Problem requirements –
Locate the line that contains "Källa: Sveriges kommuner och regioner" in the entries below. Retype it and all following lines through the final one, character for character.

Dataset records –
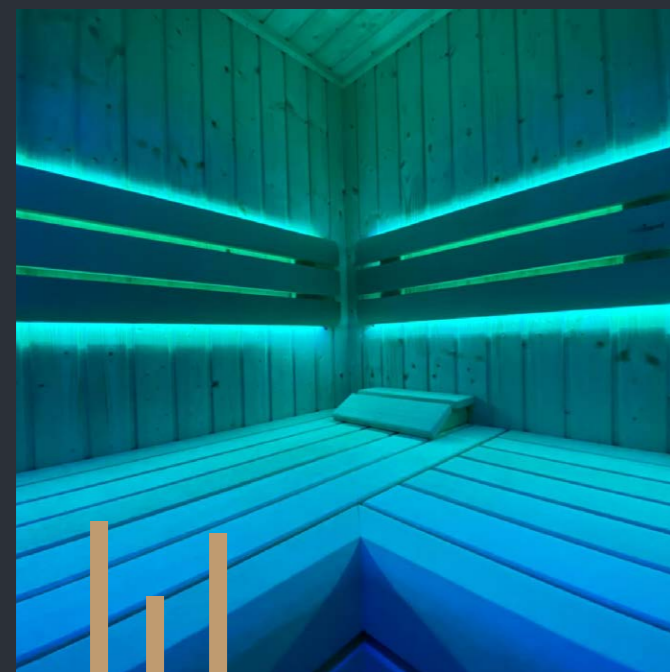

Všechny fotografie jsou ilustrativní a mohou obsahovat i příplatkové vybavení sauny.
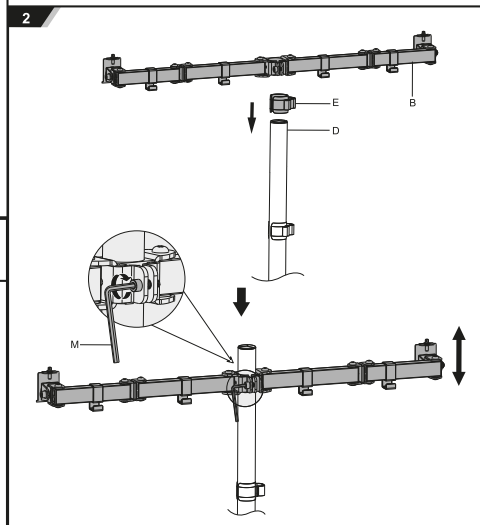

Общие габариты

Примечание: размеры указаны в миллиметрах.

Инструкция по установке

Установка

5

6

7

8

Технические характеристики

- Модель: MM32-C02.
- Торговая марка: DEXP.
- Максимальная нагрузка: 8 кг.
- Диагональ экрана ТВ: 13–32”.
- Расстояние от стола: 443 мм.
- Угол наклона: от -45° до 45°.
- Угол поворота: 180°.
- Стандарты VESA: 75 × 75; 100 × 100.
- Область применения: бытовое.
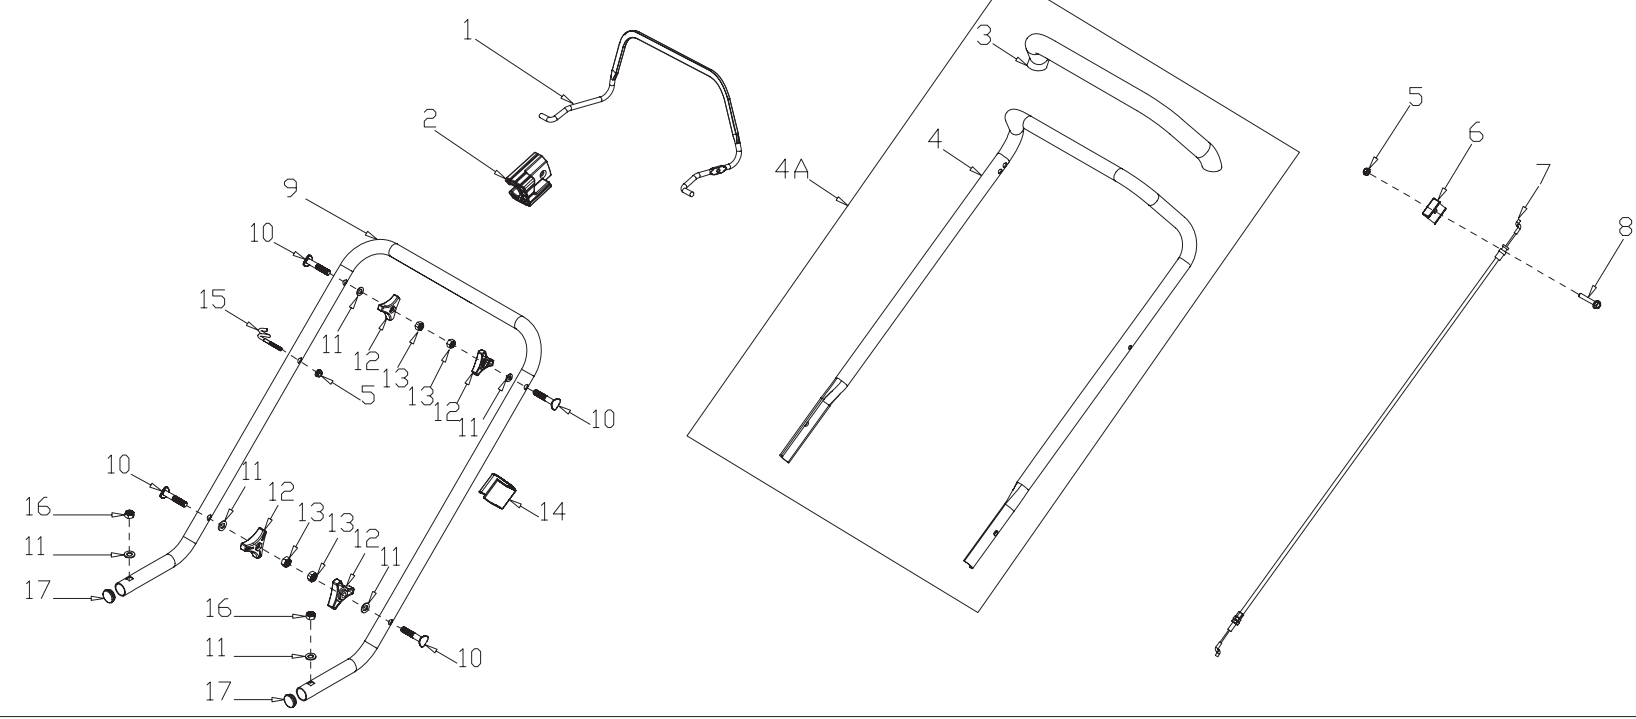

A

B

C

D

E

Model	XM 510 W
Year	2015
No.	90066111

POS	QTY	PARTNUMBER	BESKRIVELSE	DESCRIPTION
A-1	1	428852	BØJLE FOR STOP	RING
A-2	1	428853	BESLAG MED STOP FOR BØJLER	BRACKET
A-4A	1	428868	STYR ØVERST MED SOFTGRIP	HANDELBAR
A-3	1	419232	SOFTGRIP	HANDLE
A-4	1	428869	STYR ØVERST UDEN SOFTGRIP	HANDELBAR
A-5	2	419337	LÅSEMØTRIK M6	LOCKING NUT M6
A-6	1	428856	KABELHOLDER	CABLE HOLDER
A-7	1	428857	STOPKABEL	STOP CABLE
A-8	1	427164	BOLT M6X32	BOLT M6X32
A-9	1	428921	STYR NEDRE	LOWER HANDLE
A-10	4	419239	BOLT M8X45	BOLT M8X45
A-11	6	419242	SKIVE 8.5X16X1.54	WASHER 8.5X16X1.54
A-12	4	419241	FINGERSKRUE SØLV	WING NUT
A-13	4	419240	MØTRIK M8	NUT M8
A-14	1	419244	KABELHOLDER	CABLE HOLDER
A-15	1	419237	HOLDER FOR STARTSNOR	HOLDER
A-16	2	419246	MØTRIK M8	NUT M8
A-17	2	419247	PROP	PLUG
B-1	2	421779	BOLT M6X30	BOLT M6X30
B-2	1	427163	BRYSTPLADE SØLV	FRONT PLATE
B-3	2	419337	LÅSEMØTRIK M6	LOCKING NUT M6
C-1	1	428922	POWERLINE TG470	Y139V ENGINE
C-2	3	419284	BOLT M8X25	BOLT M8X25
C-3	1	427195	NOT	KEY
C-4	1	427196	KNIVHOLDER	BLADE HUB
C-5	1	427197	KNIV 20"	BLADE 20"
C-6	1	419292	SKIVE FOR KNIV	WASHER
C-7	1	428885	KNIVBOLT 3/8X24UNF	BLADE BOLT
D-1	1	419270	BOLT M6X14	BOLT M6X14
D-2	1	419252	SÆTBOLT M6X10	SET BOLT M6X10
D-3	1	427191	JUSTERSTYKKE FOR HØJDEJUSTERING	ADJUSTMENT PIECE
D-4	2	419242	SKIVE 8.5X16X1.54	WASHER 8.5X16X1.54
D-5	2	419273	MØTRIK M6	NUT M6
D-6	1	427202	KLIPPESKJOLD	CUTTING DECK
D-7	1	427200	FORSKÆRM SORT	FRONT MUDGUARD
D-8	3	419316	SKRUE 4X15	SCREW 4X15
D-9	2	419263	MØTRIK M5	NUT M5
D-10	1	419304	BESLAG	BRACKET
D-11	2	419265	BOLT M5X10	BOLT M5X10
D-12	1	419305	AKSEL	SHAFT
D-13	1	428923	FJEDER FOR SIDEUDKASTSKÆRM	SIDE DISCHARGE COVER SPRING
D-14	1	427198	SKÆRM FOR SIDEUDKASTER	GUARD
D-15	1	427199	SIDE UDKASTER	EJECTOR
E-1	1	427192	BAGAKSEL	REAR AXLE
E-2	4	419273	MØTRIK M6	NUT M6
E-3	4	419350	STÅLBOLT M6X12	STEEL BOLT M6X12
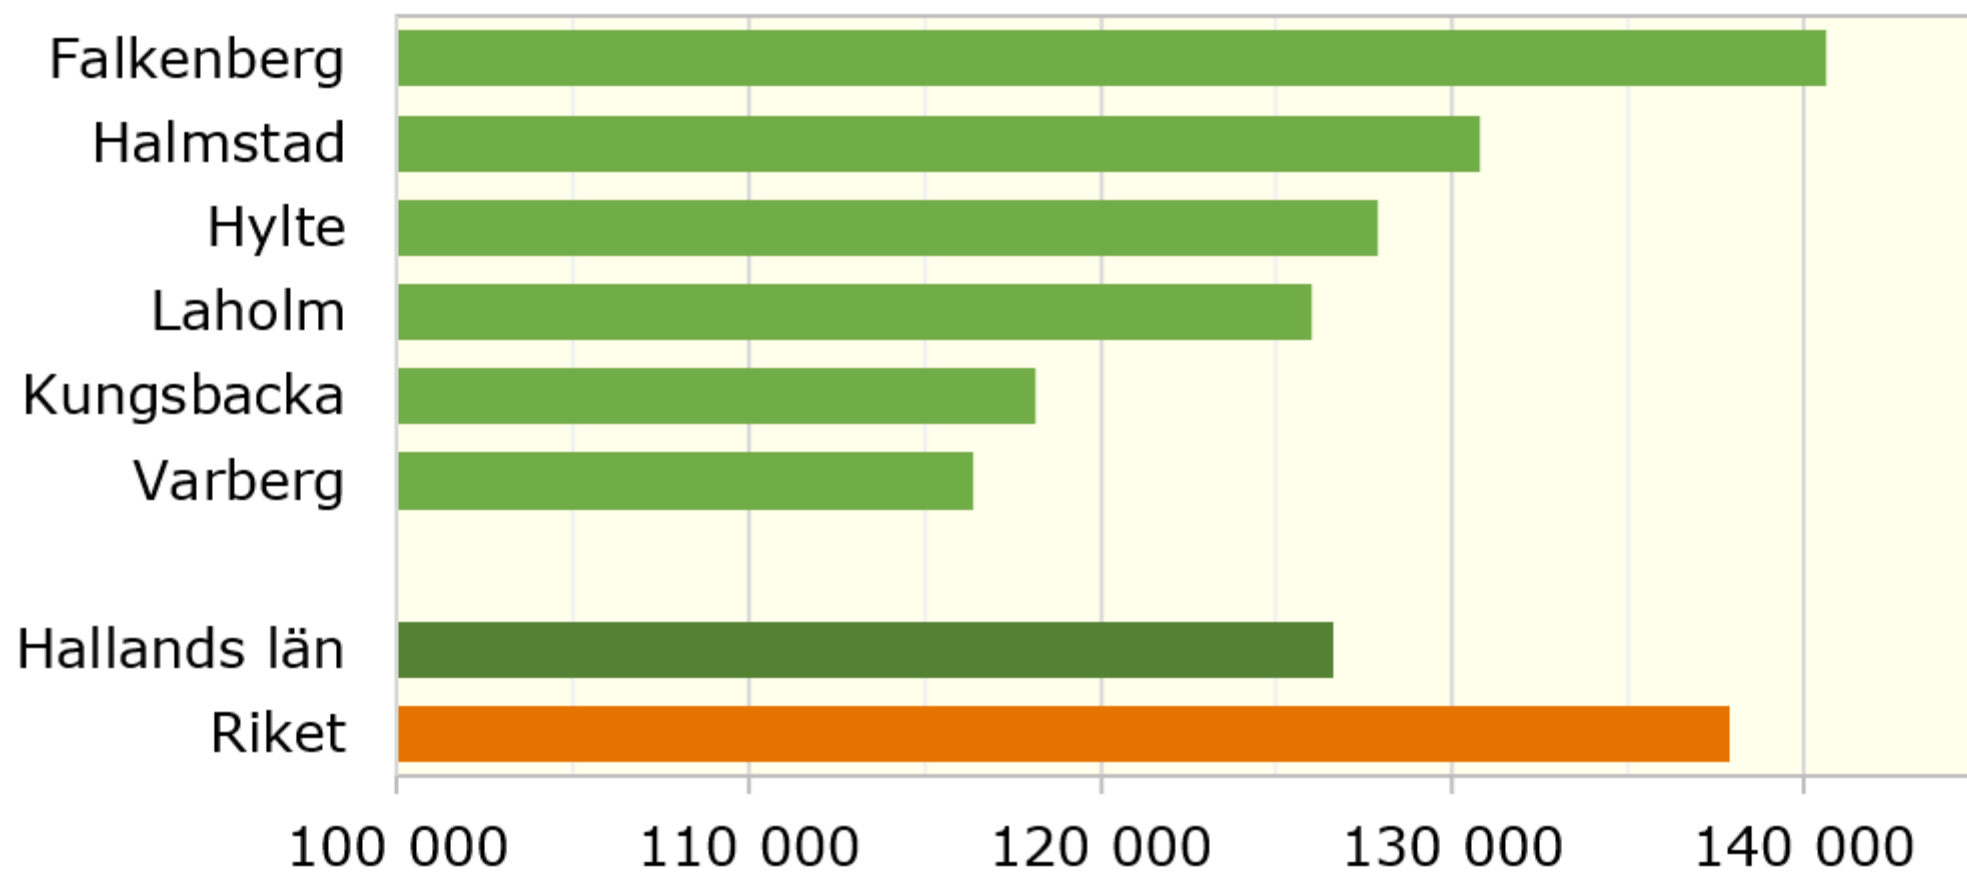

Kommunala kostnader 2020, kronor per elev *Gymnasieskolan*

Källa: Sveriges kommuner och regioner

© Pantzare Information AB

Answer section –
Källa: Sveriges kommuner och regioner

© Pantzare Information AB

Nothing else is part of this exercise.